In the middle of 1940 Frank announces, at a meeting of his
government:

“…The Fuehrer has also ordered that no more Jews will
be sent to the Generalgouvernement. On the contrary,
the Jews residing in the Generalgouvernement will also
be treated like all others, in an identical manner, by
means of a special programme, so that the
Generalgouvernement, too, will be free of Jews in the
not-too-distant future… SS Obergruppenfuehrer Krueger
advises that the matter of deporting all the Jews
living in the Generalgouvernement is now being worked
out. Memoranda have already been prepared as to how
the overseas operation is to be carried out… The
Generalgouvernement is negotiating solely with the Head
Office for Reich Security on the problems of uprooting
the residents…”

And on the eve of the Wannsee Conference Frank states, at a
meeting of his government:

“…In connection with the methods of operation against
the Jews, we are acting within the overall framework of
the Reich…they must get out. I have begun
negotiating in order to remove them to the East. On
this question, a conference will take place in January,
in Berlin, and I am sending State Secretary Dr. Buehler
to attend… At any rate, a major migration of Jews is
about to begin…”

And, after Wannsee, what does he say?

“…As State Secretary Dr. Buehler, advises, according
to the latest information there is a plan to dismantle
the Jewish ghettos, to retain the Jews who are capable
of working, and to send the remainder off to the East.
The Jews who are fit for work will be accommodated in a
number of large concentration camps, which are situated
in the production center… An additional proposal
coming from the Reich is to organize, in the large
towns, round-ups of residents found in the streets.”

State Secretary Krueger points to the fact that the Jewish
campaign has been prepared in all its details by the police,
and its implementation is simply a question of
transportation.

And what was to happen to the Jews while the police were
still in charge of the area of the Generalgouvernement? We
have heard about this from other witnesses who described
only a minute part of the terrible suffering.

Presiding Judge: One further question, Mr. Hausner. Defence
Counsel maintains, or he certainly will maintain, that there
was no command link between the Accused and the police in
the area of the Generalgouvernement – that is to say, that
the chain of command went directly from Heydrich to Krueger,
and through Krueger to Globocnik and the other commanders.
What do you say to that?

Attorney General: We say: The formal aspect is not the
decisive one from the criminal point of view. I assume that
when Dannecker sat in Paris he was, in a formal sense,
responsible to Knochen or other authorities, and so it was
with Zoepf in Holland and Wisliceny in Greece, and with
Eichmann himself, to Winkelmann in Budapest; he was obliged
to report to him and to receive permission from him to leave
the place, and so on.
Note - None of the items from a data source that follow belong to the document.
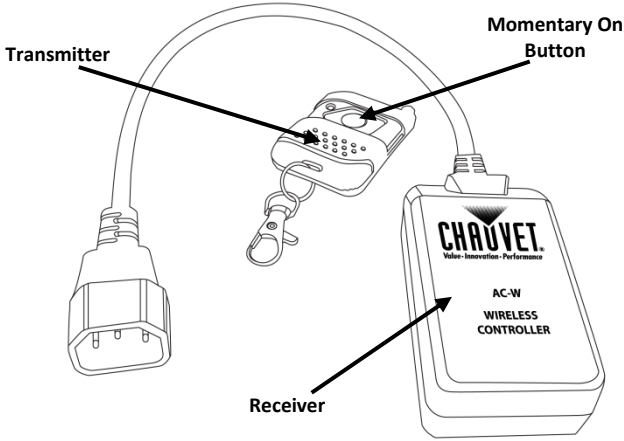

- Always make sure that the voltage of the outlet to which you are connecting this product is within the range stated on the decal or rear panel of the product.
- This product is for indoor use only! (IP20) To prevent risk of fire or shock, do not expose this product to rain or moisture.
- Never connect this product to a dimmer.
- The maximum ambient temperature is 104° F (40° C). Do not operate this product at higher temperatures.
- In the event of a serious operating problem, stop using the unit immediately.
- Never try to repair this product. Repairs performed by unauthorized technicians can lead to damage or malfunction. Please contact the nearest authorized technical assistance center.

What Is Included

- One Transmitter
- One Receiver
- One Quick Reference Guide

Product Description

The AC-W is a wireless trigger that works with CHAUVET’s Hurricane 700 (V2) and the B250 / B550 Bubble Machines without the need of an external power supply for easy setup and teardown. With an operation range of 100ft (unobstructed) for increased flexibility, the AC-W will trigger the attached machines from almost anywhere.

Product Overview

AC Power This product requires a fixed voltage of either 120V/60Hz or 230V/50Hz.

Operation To use your AC-W, follow the steps below:

1. Plug the receiver into the CHAUVET Hurricane 700 (V2) fog machine, or the CHAUVET B250 or B550 Bubble Machine.
Note: This product is ONLY compatible with the above products.
2. Press and hold the transmitter’s button. The attached product will then release either fog (Hurricane 700 V2) or bubbles (B250 / B550). To stop the flow, simply let go of the button.

But that was not the decisive point –
the decisive point is the overall and practical planning.
It is not important whether he was able to give orders, or
if he could pass on directives and instructions. It is true
that we have fewer traces of his operations in Poland, as
far as the evidence is concerned, than we have in the West –
that is true. But these traces are sufficient since, first
of all, he stood at the centre of the entire operation; for
it was decided at the Wannsee Conference, with the approval
of all those present, that the Head Office for Reich
Security – in other words, Eichmann – would be the one to
carry out the Final Solution everywhere. We see him dealing
with foreign nationals, we see him dealing with the affairs
of the Warsaw Ghetto, we see the letter concerning Jews in
the Beskids Company, and all those are tracks which lead to
him. And now, what does he say? “I did not deal with the
Generalgouvernement.”

Thus, if his words had been marked by the seal of truth
throughout his evidence, possibly the Court would have to
give him the benefit of the doubt. But since it is
impossible to accept his version generally, since we have
already ascertained that he has not told the truth – and I
shall still attempt to prove this to the Court in other
important particulars – there is no special reason to
believe that precisely the Generalgouvernement, of all
regions, was excluded from the totality of the Final
Solution, when Frank repeatedly says, time and again, that
all the instructions and references, at least until 1943,
came from the Berlin centre. And the Berlin centre for the
solution of the Jewish Question was Eichmann. That is the
first point. And from the viewpoint of his liability as a
conspirator – that certainly brings him into every single
place from the moment he agreed to be a partner in the
practical implementation of the Final Solution.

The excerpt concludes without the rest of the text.